The contemporary nuclear family is perceived by some as a microcosm that generates internal strains and tensions through its hermetical character. Often parental abuse, maternal abuse in particular, is seen as stemming from the microprocesses of family interaction and psychological problems of the family’s individual members who become part of the ecology of a family.

Feminist psychoanalytic theories of maternal ambivalence concentrate on the integration of inherently conflicting emotions toward the child that accompany motherhood and mothering. This set of psychodynamic explanations posits that violence toward a child results when the delicate balance of loving and resentful emotions toward a child is compromised, either due to the lack of emotional maturity of the mother or due to externally induced stress.

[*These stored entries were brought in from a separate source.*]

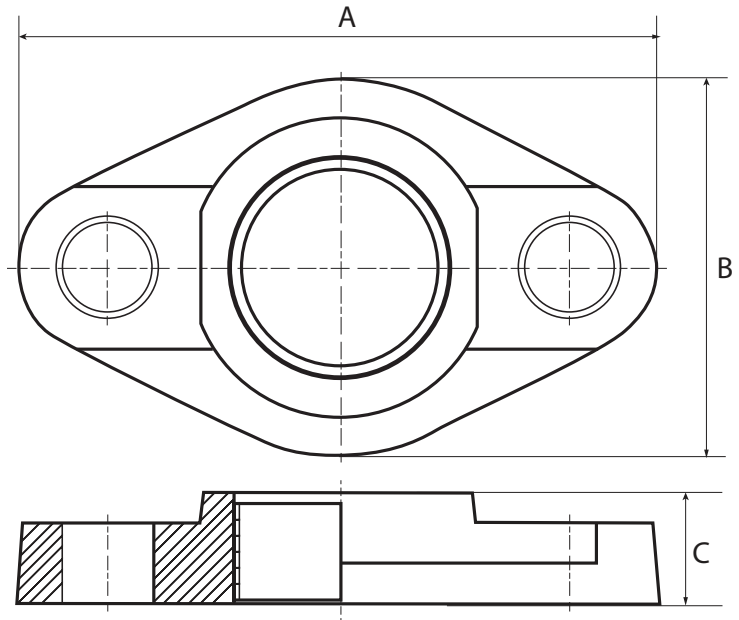

# Brass Meter Flange

## Features & Benefits

- Lead Free Brass  
This product complies with 0.25% weighted average lead content on wetted surfaces in accordance with the Safe Drinking Water Act (SDWA)/Federal Public Law No. 111-380
- Oval
- NSF 61-Annex G Certified
- Class 125
- Sizes - 1-1/2" and 2"

Part #	Size	A	B	C
40368	1-1/2"	5.5	3.29	.916
40369	2"	6.18	3.91	.912

One of the strangest and rarest forms of child physical abuse by mothers is Munchausen Syndrome by Proxy. In that form of abuse, a mother causes a medical condition in her child and then presents the child for medical examination while making ostensibly heroic efforts to alleviate the symptoms. Often the request for intrusive medical tests and proceedings by the mother to treat a manufactured condition is construed as a form of physical abuse in itself. As the name suggests, Munchausen Syndrome by Proxy is considered to be a psychiatric condition, but there are a few known instances in which cases of this form of abuse were successfully prosecuted under the criminal statutes.

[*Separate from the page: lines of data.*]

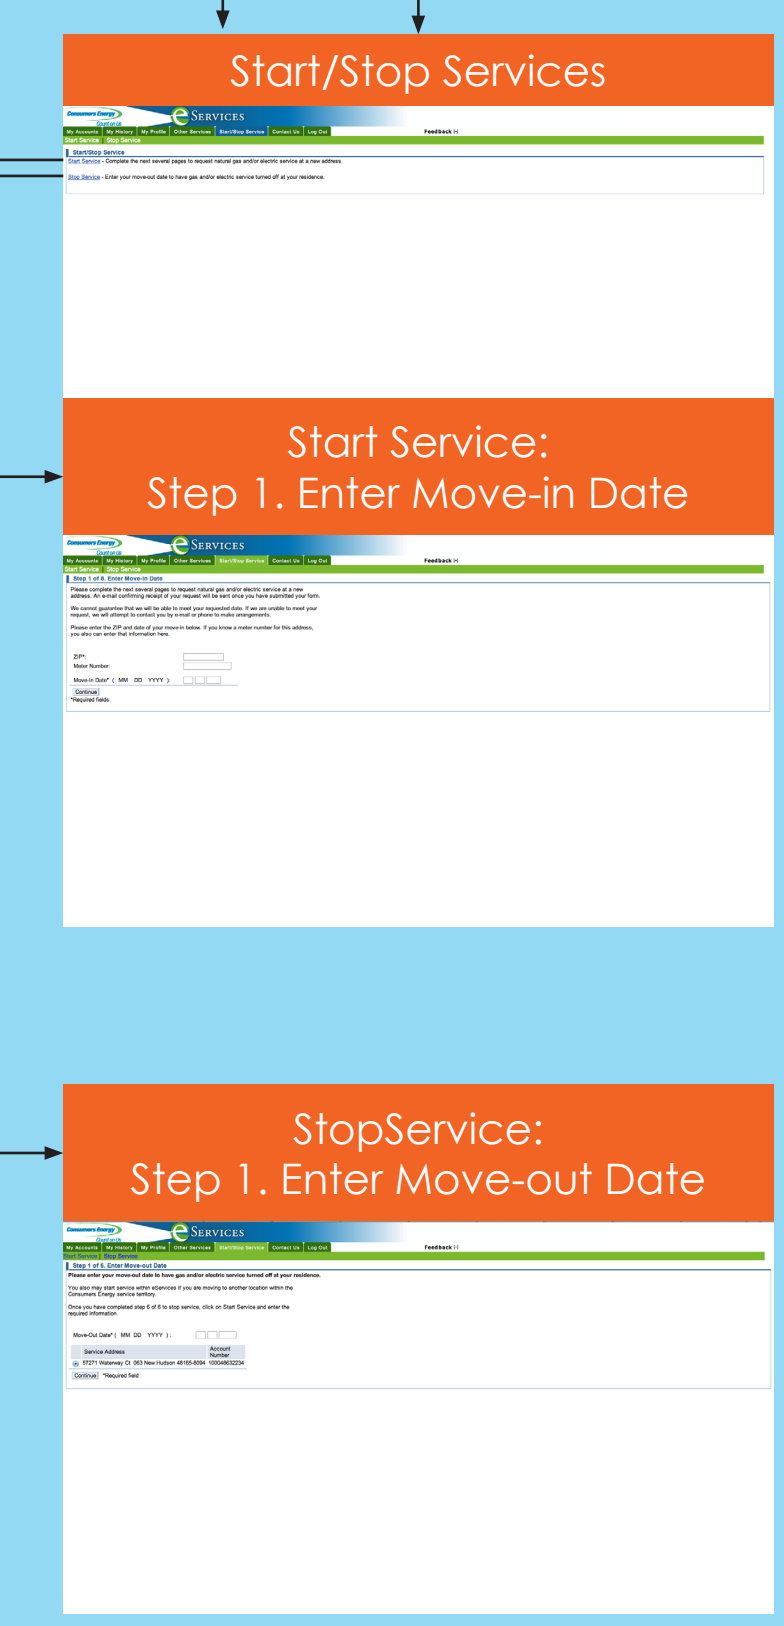

# Interaction Map of Consumers Energy Website

Si 622 Section 2 Group 2

Katrina Lanahan  
Michael Grisafe  
Robert Wang  
Yu-Ting Lu  
Wei Wang

In the past 30 years, maternal child abuse has been increasingly recognized as a problem properly falling within the purview of the criminal justice system. However, only a handful of mothers are prosecuted to the full extent of the original criminal charges. Most cases of maternal physical abuse are still resolved through the family courts with supervision, suspension, or withdrawal of custodial rights as outcomes. There has also been a trend to prosecute on charges of child abuse new mothers who have abused drugs and alcohol prenatally.

Most remedies proposed for dealing with maternal child abuse involve psychological counseling, parenting classes, and amelioration of stressful conditions associated with mothering. As indicated above, there is also a tendency to rely on the deterrent effect of criminal prosecutions. Feminist writings on child abuse urge reconsideration of intensive mothering as a cultural practice and easing the stresses and burdens placed on women by instituting free comprehensive child care.

Bibliography:

  1. Bools, C., Neale, B., & Meadow, R. (1994). Munchausen Syndrome by Proxy: A study in psychopathology. Child Abuse and Neglect, 18, 773–788.
  2. Dowdy, E. R., & Prabha Unnithan, N. (1997). Child homicide and the economic stress hypothesis: A research note. Homicide Studies, 1, 281–290.
  3. Margolin, L. (1992). Beyond maternal blame: Physical child abuse as a phenomenon of gender. Journal of Family Issues, 13, 410–423.
  4. Roberts, D. E. (1991). Punishing drug addicts who have babies: Women of color, equality, and the right of privacy. Harvard Law Review, 101, 1419–1482.
  5. Straus, M., & Kaufman Kantor, G. (1987). Stress and child abuse. In R. E. Helfer & R. S. Kempe (Eds.), The battered child (pp. 42–59). Chicago: University of Chicago Press.
  6. Wauchope, B., & Straus, M. (1990). Physical punishment and physical abuse of American children: Incidence rates by age, gender and occupational class. In M. Straus & R. J. Gelles (Eds.), Physical violence in American families: Risk factors and adaptation to violence in 8,145 families (pp. 133–148). New Brunswick, NJ: Transaction.